▶ [Problem] Filter the records below and copy every line containing the word "Type".
**** Provided entries ****
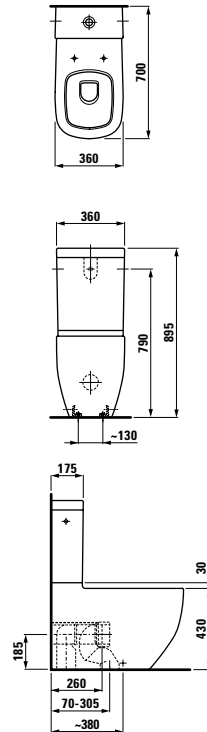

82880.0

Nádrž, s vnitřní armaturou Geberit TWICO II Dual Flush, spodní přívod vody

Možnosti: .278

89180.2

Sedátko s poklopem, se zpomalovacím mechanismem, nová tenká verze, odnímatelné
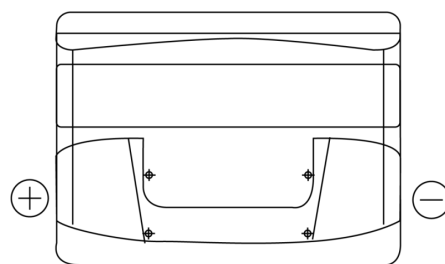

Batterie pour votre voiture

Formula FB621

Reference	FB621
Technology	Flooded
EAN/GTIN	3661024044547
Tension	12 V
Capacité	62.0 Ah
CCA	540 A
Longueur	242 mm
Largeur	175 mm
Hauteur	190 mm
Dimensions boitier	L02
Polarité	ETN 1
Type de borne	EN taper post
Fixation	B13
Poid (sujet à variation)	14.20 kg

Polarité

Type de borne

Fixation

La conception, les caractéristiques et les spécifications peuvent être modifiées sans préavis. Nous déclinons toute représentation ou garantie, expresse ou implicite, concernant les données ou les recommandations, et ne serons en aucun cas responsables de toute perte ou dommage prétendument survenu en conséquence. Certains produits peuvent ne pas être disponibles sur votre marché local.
****
▶ [Result of the exercise]
Type de borne	EN taper post
Type de borne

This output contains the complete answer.